A word-for-word copy of the line containing "COLOR TABLE" and every following line to the end of the data below is all the answer should hold.

Available records:
--------------------------------

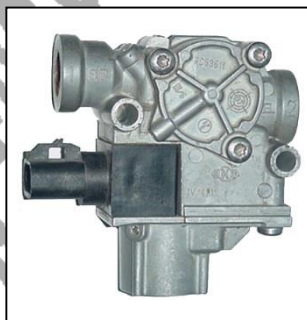

REPUESTOS MTY PARA MODULADORES DE ABS:

No. DE PARTE 312

**REPUESTO PARA MODULADOR TIPO
WABCO 001 1591 4721950050 PARA ABS**

No. DE PARTE 113

**REPUESTO PARA MODULADOR TIPO
WABCO 001 1297 4721950830 PARA ABS**

No. DE PARTE 114

**REPUESTO PARA VALVULAS REPARTIDAS
TIPO WABCO TRACTOCAMION CENTURY**

- (1) REPUESTO No. DE PARTE 112
- (2) REPUESTOS No. DE PARTE 113

No. DE PARTE 537

**REPUESTO PARA MODULADOR TIPO
BENDIX M-22 5002210
1132618 E1499D**

No. DE PARTE 833

**REPUESTO PARA MODULADOR
TIPO BENDIX 6.254.048**

REPUESTOS MTY PARA MODULADORES DE ABS:

No. DE PARTE 813
REPUESTO PARA MODULADOR
TIPO BENDIX M-32 K2607T

No. DE PARTE 980
REPUESTO PARA MODULADOR
TIPO KNORR-BREMSE
0 265 351 122 04182 25 088
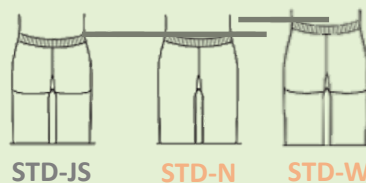

① つま先仕様 (有・無)

② 周径

- ♥ スタダード
- ♥ エクストラワイド

③ 丈

- ♥ エクストラショート
- ♥ ショート (標準)
- ♥ レギュラー (ロング丈)

④ 腹部加圧

- ♥ スタダード
- ♥ フルコンプレッション
- ♥ ハーフコンプレッション

⑤ カラー (veni : 9色)

⑥ ヒップ仕様

- ♥ 鼠経部の切替え(有・無)
- ♥ 股上の長さ

⑦ オープンフロント
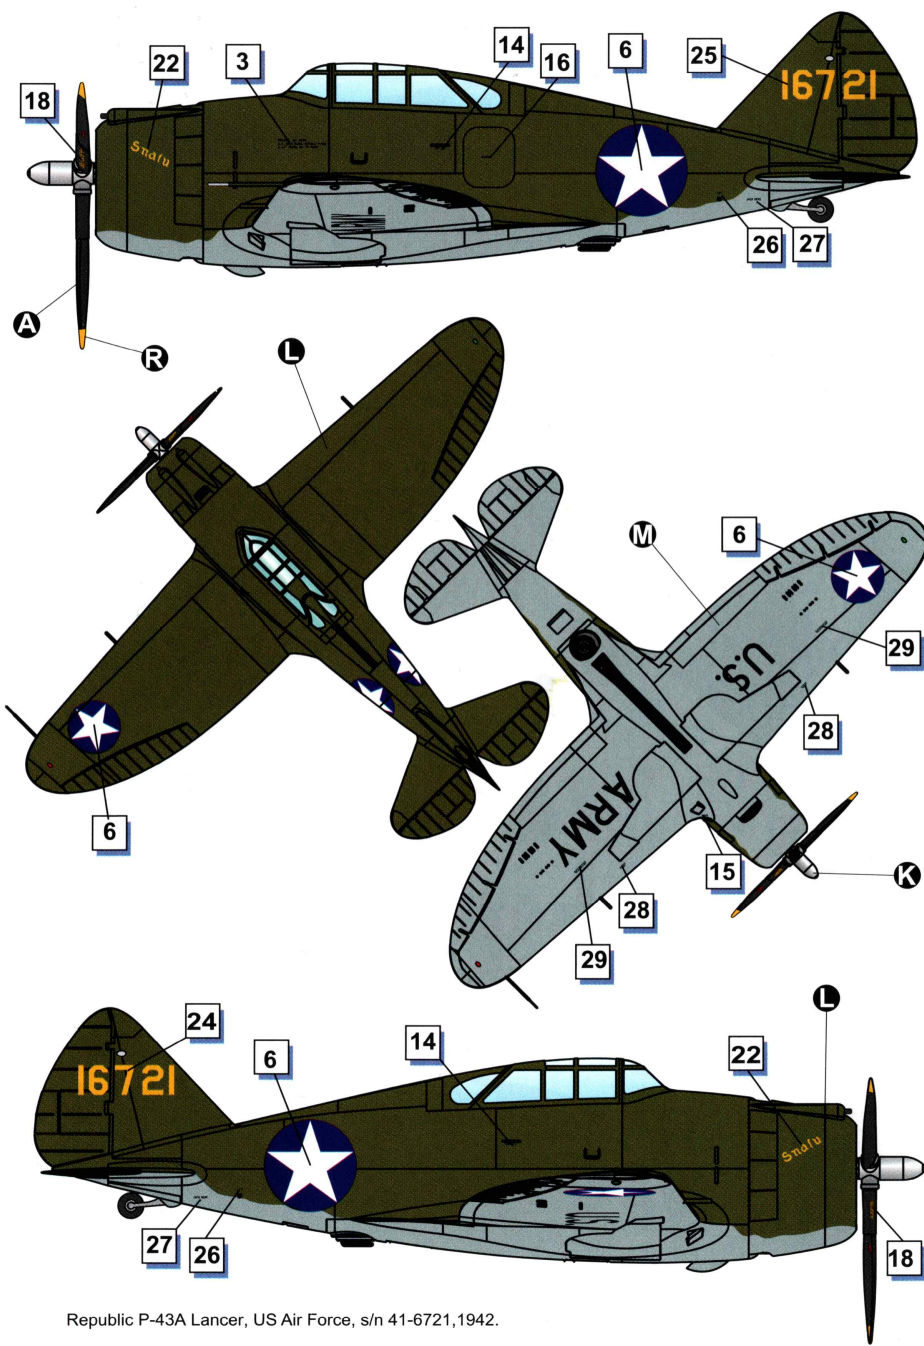

16

17

18

19

22

23

Republic YP-43 Lancer, US Air Force, 1941.

Republic P-43A Lancer, s/n 40-2920 of the 55th Pursuit Group, Portland AB, January 1942.

Republic P-43A Lancer, US Air Force, s/n 41-6721, 1942.

Republic P-43A Lancer, s/n 41-31496, August 1943.

COLOR TABLE

Color Chart		MR. HOBBY	Tamiya	AMMO MIG	Hataka	LIFECOLOR
Black	A	C33/H12	XF-1	MIG 046	HTK 100	LC 02
Silver	B	C8/H8	X-32	MIG 195	HTK B003	LC 74
Aluminium	C	MC 218	XF-16	MIG 194	HTK 078	LC 24
Gun Metal	D	C78/H28	X-10	MIG 045	HTK 106	LC 26
Rubber Black	E	C137/H77	XF-85	MIG 035		UA 733
Interior Green	F	C351/H58		MIG 0220	HTK 211	UA 004
Yellow Chromat	G	C352				
Clear Green	H	C138/H94	XF-25	MIG 092		
Burn Iron	I	C61/H76	XF-25	MIG 187		LC 37
Signal Red	J	C79/H11	XF-2	MIG 049	HTK-103	LC 56
Polished metal	K	MC 211	XF-56	MIG 0192		
Olive Drab	L	C38/H78	XF-62	MIG 0237	HTK 004	UA 005
Neutral Gray	M	C13/H53		MIG 0239	HTK 033	UA 046
Clear Red	N	C47/H90	XF-27	MIG 093		
White	O	C62/H11	XF-2	MIG 0047	HTK 101	LC 01
Engine Gray	P	C339/H339	XF-2	MIG 0908	HTK 030	UA 030
Yellow	R	C329/H329	X-8		HTK 107	

VARIANTS

TO PAINT

92
92

20

21

5

7

4

--------------------------------

Exercise response:
COLOR TABLE

Color Chart		MR. HOBBY	Tamiya	AMMO MIG	Hataka	LIFECOLOR
Black	A	C33/H12	XF-1	MIG 046	HTK 100	LC 02
Silver	B	C8/H8	X-32	MIG 195	HTK B003	LC 74
Aluminium	C	MC 218	XF-16	MIG 194	HTK 078	LC 24
Gun Metal	D	C78/H28	X-10	MIG 045	HTK 106	LC 26
Rubber Black	E	C137/H77	XF-85	MIG 035		UA 733
Interior Green	F	C351/H58		MIG 0220	HTK 211	UA 004
Yellow Chromat	G	C352				
Clear Green	H	C138/H94	XF-25	MIG 092		
Burn Iron	I	C61/H76	XF-25	MIG 187		LC 37
Signal Red	J	C79/H11	XF-2	MIG 049	HTK-103	LC 56
Polished metal	K	MC 211	XF-56	MIG 0192		
Olive Drab	L	C38/H78	XF-62	MIG 0237	HTK 004	UA 005
Neutral Gray	M	C13/H53		MIG 0239	HTK 033	UA 046
Clear Red	N	C47/H90	XF-27	MIG 093		
White	O	C62/H11	XF-2	MIG 0047	HTK 101	LC 01
Engine Gray	P	C339/H339	XF-2	MIG 0908	HTK 030	UA 030
Yellow	R	C329/H329	X-8		HTK 107	

VARIANTS

TO PAINT

92
92

20

21

5

7

4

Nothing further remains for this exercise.